When we lived in South Africa, we weren’t allowed to fly the American flag in the 4th of July. My brother Pehr once installed it on his third floor porch, but Dad made him take it down. He was always concerned that the South African government would not like it. “We have to keep a low profile,” he would say. We were invited to the American Consulate in Durban one 4th of July. Michael, Siri and I attended the party. The other children seemed very different from us: their clothes, their American accents. We felt out of place.
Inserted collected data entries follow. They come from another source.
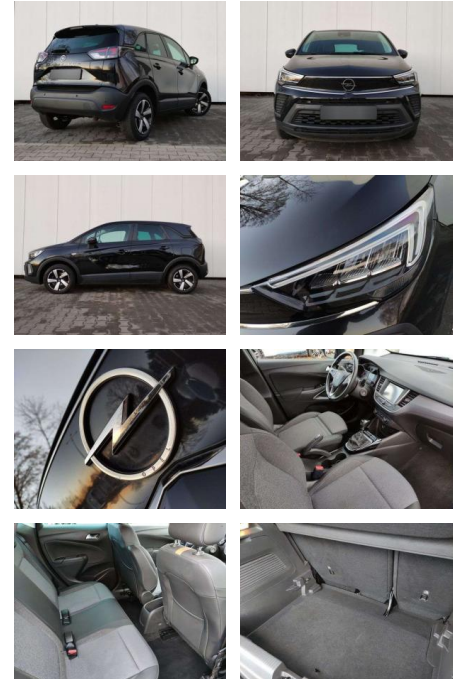

Opel Crossland

AP08-310555 **Angebotsnr.:**

Erstzulassung:	Kilometer:	Farbe:	Leistung:	Kraftstoffart:	Verbr. komb.	CO2-Emission	CO2-Klasse (WLTP)
01.04.2021	82.400	Schwarz	96 kW / 131 PS	Benzin	5,7 l/100km	129 g/km	D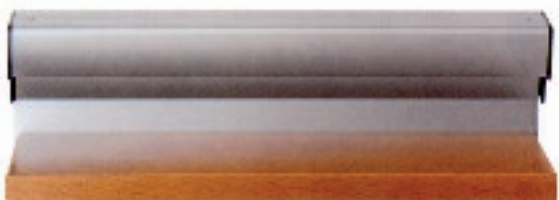

136265 FOPPA CUCINAB.MENSOLA POGGIOLINA

MV	CF	MASTER		
1	1	1	8	013440 301301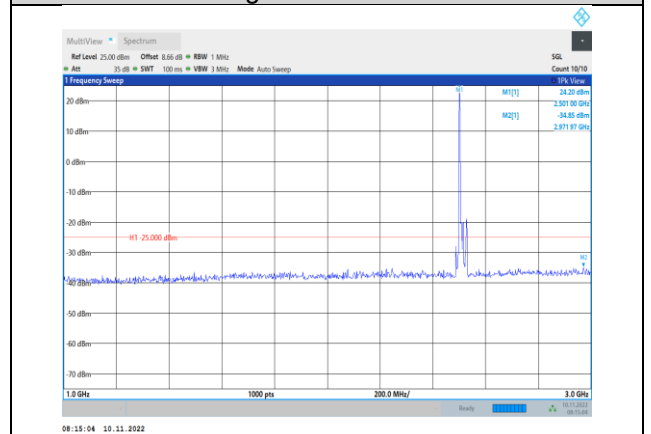

**Band7-15MHz-QPSK-20825-1RB#0-
Range1:30~1000MHz**

**Band7-15MHz-QPSK-20825-1RB#0-
Range2:1000~3000MHz**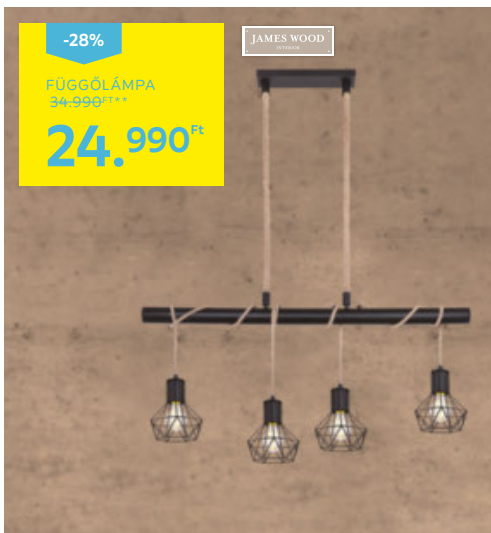

ÁLLÓLÁMPA „LEONA”, króm, nikkel, aj. izzók: 5xE14, kb. 130X200cm **34.990,-** (81810568)

FÜGGŐLÁMPA „VASCA”, fém, ajánlott izzó: 4x40W E27, kb.100/15/120cm **24.990,-** (81810607)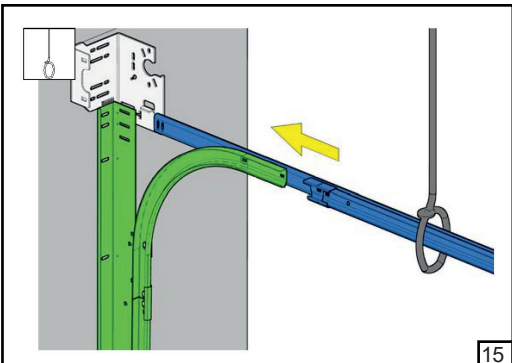

9

10

11

12

Для високого монтажу

Барабан	HL [мм]	1370	1002	634	266	Регулювання нахилу трюсу					
FFHL54 HL макс 1370 мм		1	2	3	4						
FFHL120 HL макс 3010 мм		1	2	3	4	5	6	7			
	HL [мм]	4100	2673	3246	2819	2392	1965	1538	1110	683	258
FFHL164 HL макс 4100 мм		1	2	3	4	5	6	7	8	9	10

13

14

15

16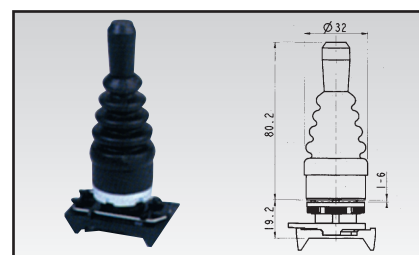

Переключатель с удлиненной ручкой стабильный*

Манипулятор (джойстик)*

Код	Название	Ед. изм.
GZ PMJN8T0	двухпозиционный, стабильный	шт
GZ PMJN8T3	двухпозиционный, нестабильный	шт
GZ PMJN8Q0	четырёхпозиционный, стабильный	шт
GZ PMJN8Q4	четырёхпозиционный, нестабильный	шт

* в комплекте с монтажной пластиной (фланцем)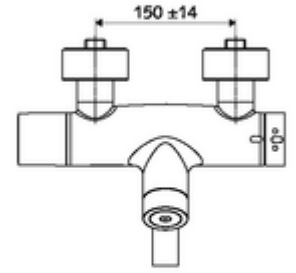

ürün numarası: 00 210 06 99

Karma su, ThermoProtect termostat

Otomatik kapanmalı CVD-Touch elektroniği ile tetiklenir. Pille işletim. SWS su yönetim sistemine ağ kurmak için entegre SWS veri yolu genişletici kablosuz bağlantı BE-F VITUS dahil.

- Elektronik zaman ayarlı sıva üstü lavabo armatürü
 - EN 1111 uyarınca ThermoProtect termostat, kilidi açılabilir/kilitlenebilir sıcaklık kilidi 38 °C, soğuk su beslemesi kesildiğinde haşlanma koruması
 - CVD-Touch-Elektronik, programlanabilir, su sıçraması ve su jetine karşı koruma IP65
 - SWS Veri yolu genişletici kablosuz bağlantı BE-F VITUS
 - 6V ön filtreli selenoid valf
 - 2 çekvalf (EN 1717: EB)
 - Akış regülatörlü döndürülebilir çıkış (kilitlenebilir)
 - Pil bölmesi 6 V (entegre)
- 4x AA alkali pil 1,5 V
- 2 S bağlantı ve rozet (derinlik ayarlı)
- Einstellmöglichkeiten über SWS SSC
 - Çalıştırma gücü (hafif / orta / ağır)
 - Manuel programlama (Kapalı / Açık)
 - Maks. çalışma süresi (1 - 950 s)
 - Durgunluk deşarjı (Kapalı / 1 - 1000 s, son deşarjdan sonra her 1 - 250 h / her 1- 250 h)
 - Çalıştırma kilit süresi (Kapalı / 1 - 255 s, Timeout 1 - 2000 min)
- Einstellmöglichkeiten über manuelle Programmierung
 - Maks. çalışma süresi (4 - 120 s, 10 program kademesi)
 - Durgunluk deşarjı (Kapalı / 20 s, her 24 h)
- Durchfluss: Durchfluss druckunabhängig, max.: 5 l/min
- Fließdruck: 1,0 - 5,0 bar
- Max. Ruhedruck: 8 bar
- Maks. işletim sıcaklığı: 70 °C (80 °C termal dezenfeksiyon için)
- Werkstoff: Çıkış Pirinç, içme suyu yönetmeliğine uygun; Mahfaza Pirinç, içme suyu yönetmeliğine uygun
- Oberfläche: Krom
- Ausladung bis Mitte Strahlregler: 330 mm
- Bağlantı: 2x DN 15 G 1/2 AG
- : Belgaqua
- Gewicht: 5,57 kg/Adet
- Verpackungseinheit: 1

They had a clown show and nice food, but no fireworks.
Fireworks in South Africa at that time were reserved for Guy Fawkes Day: “Remember, remember the fifth of November, Gunpowder, treason and plot . . .” It celebrates the foiling of (Catholic) Guy Fawkes's attempt to blow up (Protestant controlled) England's House of Parliament on November 5th, 1605. At Westminster in London, Guy Fawkes, a chief conspirator in the plot to blow up the British Parliament building, jumps to his death moments before his execution for treason. ... After a brief trial, Guy Fawkes was sentenced, along with the other surviving chief conspirators, to be hanged, drawn, and quartered in London.
My sister Kirstin learned about “the American War of Independence” in history class in school in South Africa. They didn’t call it the American Revolution.